------ INPUT MATERIAL ------

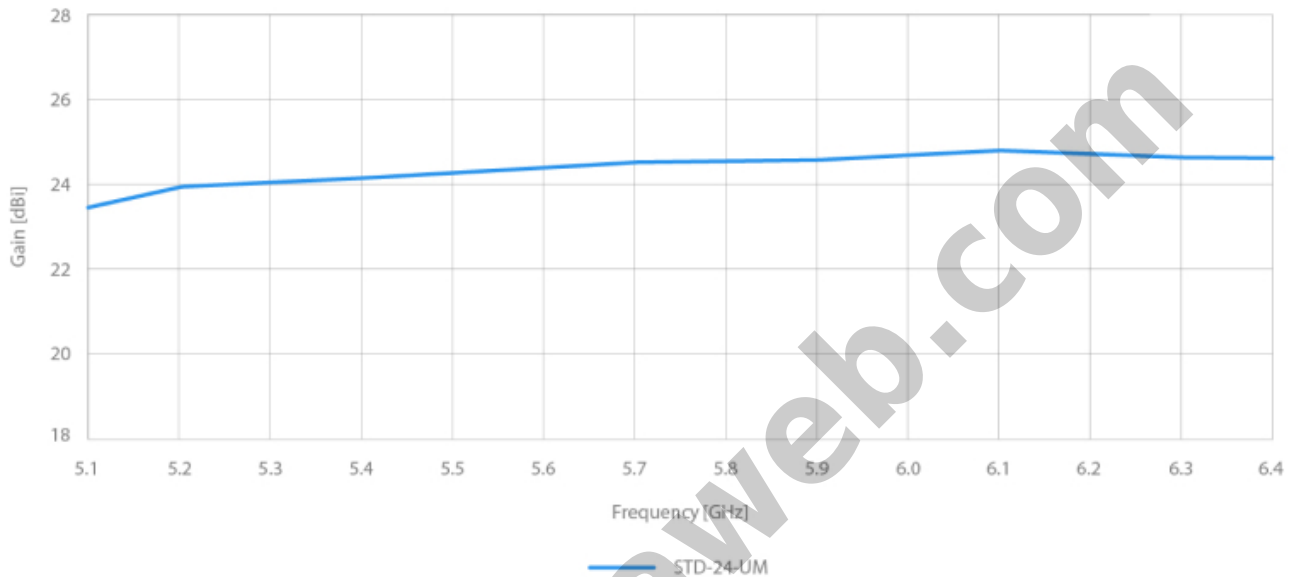

Gain Seimbang untuk Kedua Polarisasi

Antena **StarterDish UM** memberikan kinerja gain yang stabil di seluruh rentang frekuensi kerja dan pada kedua polarisasi. Gain yang stabil menghasilkan performa lapangan yang andal saat terjadi perubahan kanal radio.

Konektivitas Radio yang Fleksibel

Antena **StarterDish UM** menyediakan koneksi waveguide langsung ke konektor waveguide Ubiquiti Networks dan Mimoso.

StarterAdapter, yang dijual terpisah, memungkinkan konektivitas dengan perangkat radio apa pun yang menggunakan antarmuka koaksial. Adapter ini dilengkapi dengan sepasang konektor RP-SMA dan tidak termasuk dalam paket **StarterDish UM**.
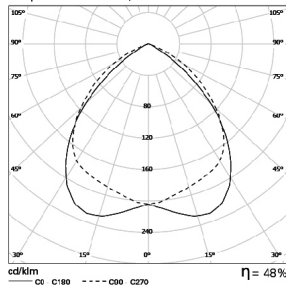

PHOTOMETRY

DIMENSIONS

SQUARE 2x32W PB
Lamp: 2 x TC-TEL 32W/840

SQUARE 2x32W PM
Lamp: 2 x TC-TEL 32W/840

TO SPECIFY:

Recessed compact fluorescent downlight for twin 18/26W TC-DEL or 32/42W TC-TEL lamps with polished or satin aluminium louvre. Optional transparent 4mm tempered glass and 1 or 3 hours emergency available. For ceiling thicknesses of 1-25mm – as Roxo Lighting SQUARE.
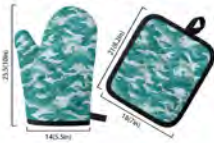

Camo - Teal
Pot Holder & Oven Mitt
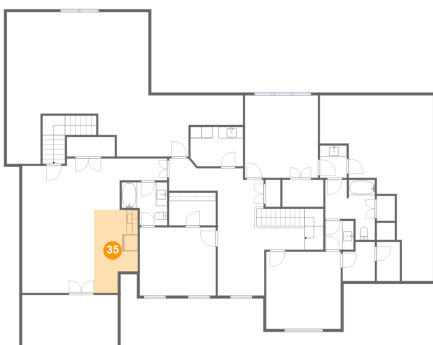

Heated: Yes
Finished: Yes
Enclosed: Yes
Contiguous:
Yes
Permitted: Yes
Wet Space: No
Addition: No
Conversion: No

35 Floor 3 - Wet Bar

Dimensions: 7'9" x 14'8"
Area: 100 sq. ft
Counted as Living Area:
Yes
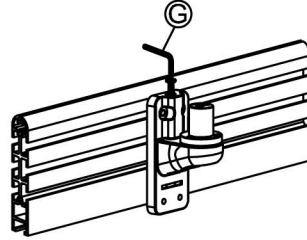

Installation Manual

Table screen Installation

1

2

3

• Please mind the arrow direction.

4

5

• Please follow a-b-c step to disassemble.

6

• Suggest to keep the cable 40-50mm outside.

Installation Manual

Parts list

No.	ITEM	SPECS	QUANTITY
A			1
B			1
C			1
D			1
E		M4*12	4
F		M6	1
G		M4	1
H		M3	1
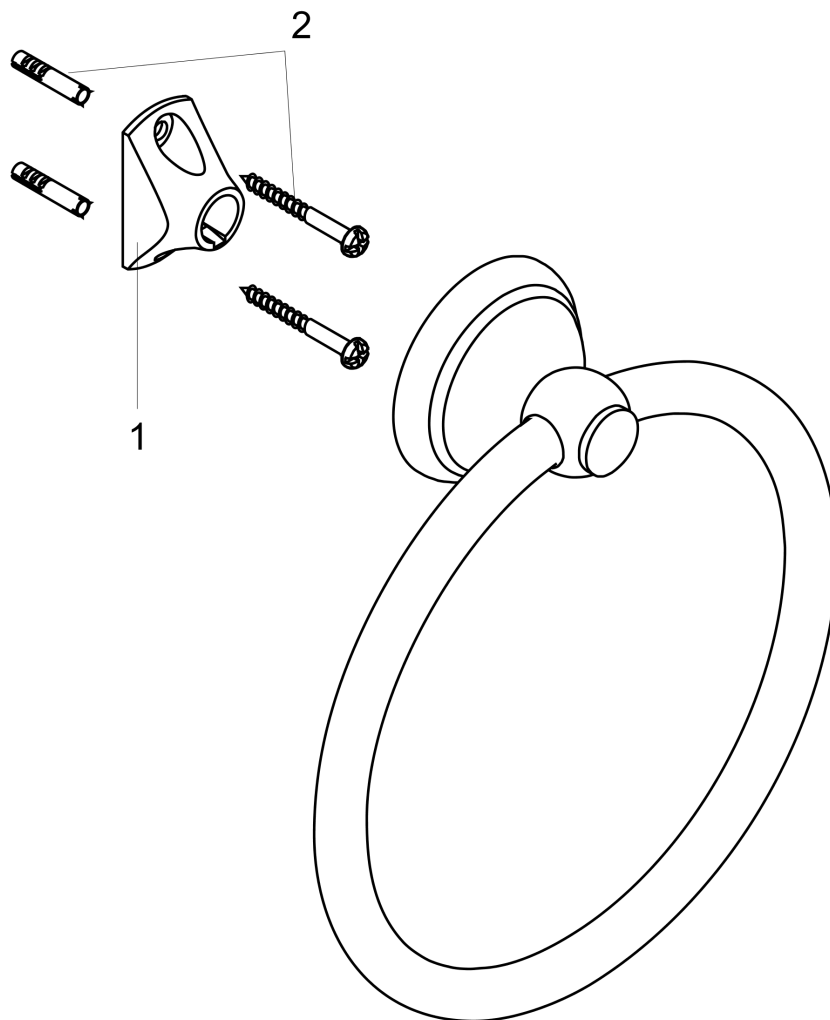

C Accessories

Towel Ring

Finish: **brushed nickel** Part no. : **06095820**

Description

Features

- Wall-mounted
- Brass
- Metal holder
- Swiveling
- Concealed fastening

Item details

List Price \$ 253.00

Product image

Scale drawing

C Accessories

Towel Ring

Finish: brushed nickel Part no. : 06095820

Exploded drawing

Year of production: >01/04

C Accessories

Towel Ring

Finish: **brushed nickel** Part no. : **06095820**

Spare parts list

Year of production: >01/04

Pos.	Description	Part no.	Price	PU
1	support element	96341000	-	1
2	mounting set	40915000	-	1
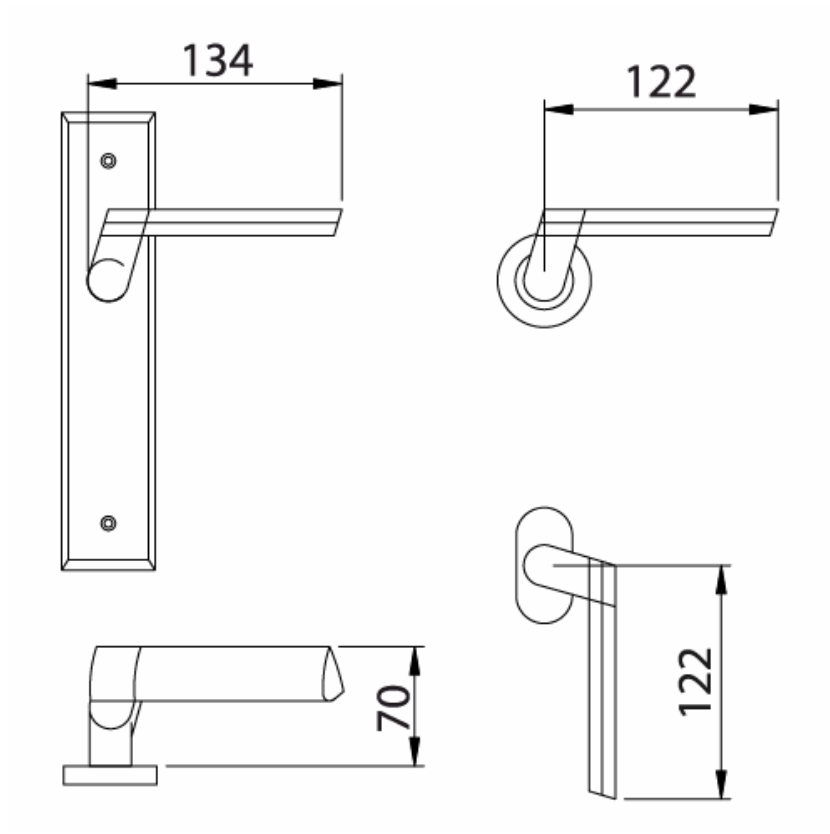

LEVER: 15.0067 "PISA"

ROSE WITH SCREWS SHOWING

PISA WITH SOLID ROSE

LEVER: 15.0167 "VIENNA"

LEVER: 15.0123 "DAFNE"

LEVER: 15.0101

"CLAUDIA"

PRICACY SET

LEVER: COUPE #11.1341 WITH SQUARE ROSES 55 X 55 MM

STANDOFF: 1 1/8 INCH OR 27 MM
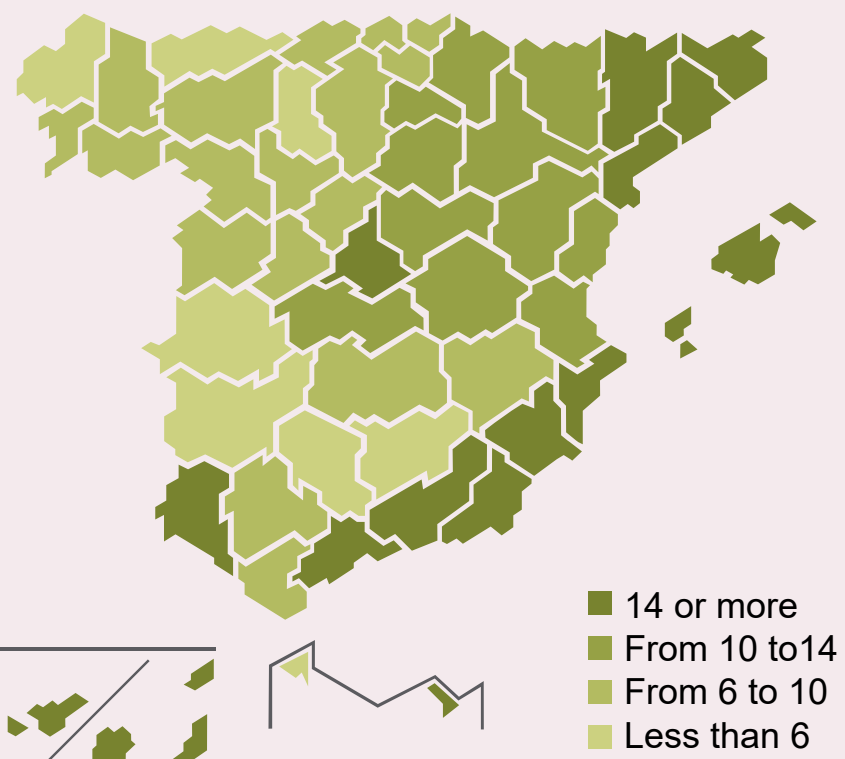

MIGRATION AND CHANGES OS RESIDENCE 2024

Inmigrants*

How many? **1,288,562**

Where do they come from?

Emigrants*

How many? **662,294**

Where are they going?

Source: Migration and Chanfges of Residence Statistics. INE - Spain
 Basic Demographic Indicators. INE - Spain
 Migration Statistics. The Migratory balances until 2020 comes from Migration Statistics.

Note: (*) Units maps: Rates per 1,000 inhabitants
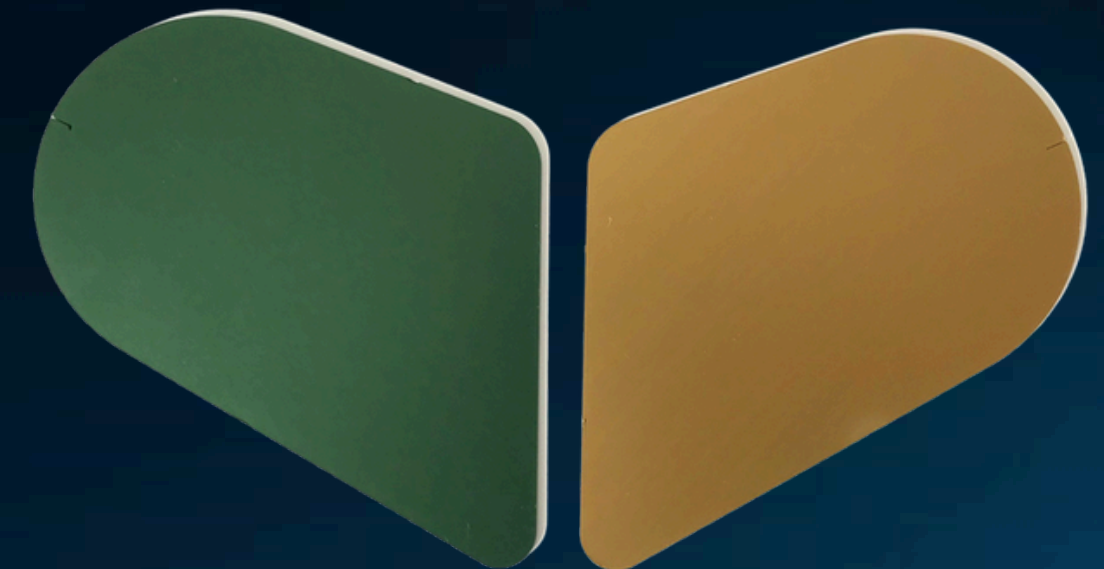

GOOD
MEMORIAL PLAQUE

BETTER
FLAT RELIEF EMBLEM
QR CODE

BEST
PERPETUAL FLOWERS &
EMBLEMS COLOUR
INFILLED

WOW
SHADOWLINE
LASTING MEMORIES
CAMEO LASTING
MEMORIES PLAQUE
COLOUR MOSAIC

BRONZE SLEEPERS

Elevating Memorial Landscapes with Bronze Sleepers. An elegant and space-conscious solution for modern cemeteries.

Personalised and Meaningful
Designed for Lasting Impact

MEMORIAL TREES

Sustainable

CORTEN steel is 100% recyclable and durable. Because it is a pure type of steel without additional protective layers (paint), it can be easily melted down again and repurposed.

Leave Colour Options
Green and Gold

NATURALLY ENGRAVED OR BLACK INFILL

PLAQUE REFURBISHMENT

Plaque Refurbishment and care products for bronze plaques.

BRONZE MEMORIAL
Plaque Cleaner

BRONZE MEMORIAL
Protective Polish
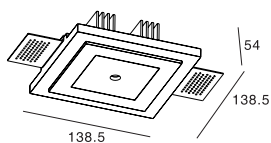

KL-SP00042

------

WHAT IS EXPECTED -> Each line above that contains the string "Price" should be copied.

YOUR RESPONSE ->
List Price \$ 253.00
Pos.	Description	Part no.	Price	PU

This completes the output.